Measuring the similarity between texts is a common task in many applications. It is useful in classic NLP fields like search, as well as in such far from NLP areas as medicine and genetics. There are many different approaches of how to compare two texts (strings of characters). Each has its own advantages and disadvantages and is good only for a range of specific use cases. To help you better understand the differences between the approaches we have prepared the following infographic.
We highlight 6 large groups of text distance metrics: edit-based similarities, token-based similarities, sequence-based, phonetic, simple, and hybrid. The core features of each category are described in the infographic. Here, we just want to explain some nuances.
Edit based similarities are simple to understand. The more atomic operations you should perform to convert one string into another, the larger distance between them is observed. For example, the distance between words “hat” and “cat” is 1, and the distance between “map” and “cat” is 2. It is obvious that this approach is applicable only for words and short phrases but useless for longer texts. Also, this approach cannot take into account the semantic meaning of the words, because it compares only the characters. In the same time, we understand, that semantic distance between “lemon” and “apple” is less than between “lemon” and “moon” despite the fact that edit distance between “lemon” and “apple” may be greater than the distance between “lemon” and “moon”. That’s why edit based distances are used in the applications, where semantic meaning is not such important as similarity in writing. It is also worth to say that the most prominent edit based algorithm is the Levenshtein algorithm. Very often people think about edit based distances as about Levenshtein similarity.
Token-based similarities are a little bit more complex. Those analyze text as a set of tokens (words). This allows to take into account the semantic meaning of the words and to process large texts. Semantic meaning plays a role here because you can use word vector representations (word2vec) to describe each word in the text and then compare vectors. Also, using a bag of words approach and TF-IDF method allows comparing the semantic similarity between entire texts (although not between independent words). Token-based similarities are very widely used in different areas. Probably, it is the most well-known approach to work with texts. Nevertheless, it is not applicable to a range of use cases.
The next group of distance is sequence based distances. It is somewhat similar to edit based distances, but not completely the same. You may be guessing what is the difference between comparing strings on the basis of the longest common subsequence and the longest common substring. Longest common subsequence doesn’t take into account if there are some letters between characters from subsequence. For example, consider sets of letters “aebcdnlp” and “taybcrd”. The longest common subsequence between these words is “abcd”, while the longest common substring is only “bc”. The fields of application for these approaches are slightly different from edit based approaches, but the pros and cons are almost the same.
Phonetic algorithms form a separate group of methods for string comparison. In this case, it is not even string comparison but rather an audio comparison. These algorithms compare words based on how they are pronounced. It is hard to compare long texts in this way. The short sentences or phrases are the maximum threshold for these algorithms.

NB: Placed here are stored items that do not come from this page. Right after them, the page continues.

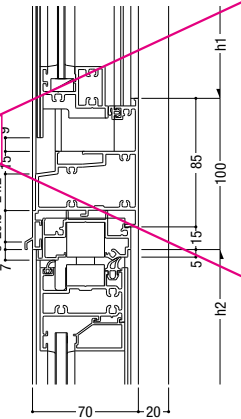

FNS-70EAT・FP-AT70・FD-70N

53 FIX / すべり出し

54 外倒し排煙 (インペイと共通) / たて軸回転

55 外倒し排煙 (インペイと共通) / たて軸回転

56 内倒し排煙 / たて軸回転

2022年3月
販売終了

2022年3月
販売終了

2022年3月
販売終了

63 突出し / 突出し

- 断熱防音サッシ
- 防音サッシ
- 一般サッシ
- 共通商品
- BL認定サッシ
- 断熱防音サッシ (防火)
- 防音サッシ (防火)
- 共通商品 (防火)
- 複合サッシ
- アルミ樹脂
- サッシ
- バリアフリー
- 換気商品
- フライト内蔵サッシ
- 出窓
- 収納型網戸
- 関連商品
- 共通付属品
- その他の商品
- 納まり参考図

Also, they cannot take into account the semantic meaning. Nevertheless, there are situations when these methods are indispensable.
The next several algorithms we want to mention are very simple to understand and use, so they form a group of methods which can be called as “Simple”. These methods can compare strings based on the similar prefixes or postfixes. Also, there are algorithms called “length distance” and “identity similarity”. The first ones compare strings by counting the number of characters in each of them and the second algorithms simply check if these strings are completely the same or not. As you can see, all these algorithms are very primitive and can be used only in very specific situations.
The last group we want to describe is hybrid algorithms. There is only one method: Monge-Elkan. It is a mix of edit based and token based distance. You can choose any edit based algorithm. The Monge-Elkan method compares each word in one text with each word in another text (so it is token-based), but when comparing words it uses some of the edit based methods (so it is edit-based at the same time). Then, distances between words are aggregated to derive a single value of the distance between the two texts. One important thing here is that this method is not symmetrical. This means that the result of comparison depends on what string you take as the first string and what as the second one. We describe this situation in the cons section of our infographic, but actually, it is not a problem for all applications. In other words, there are many use cases where symmetry is not important.
In this article, we have briefly described some interesting and important notes about different approaches to strings comparison. To understand and remember all these things better, please explore our infographics. There are no good or bad approaches, all of them appeared due to the need of using in particular cases. So, when you need to compare two strings, firstly think about what is the final result you expect to have, and then choose the right metric. Use our infographics as a cheat sheet!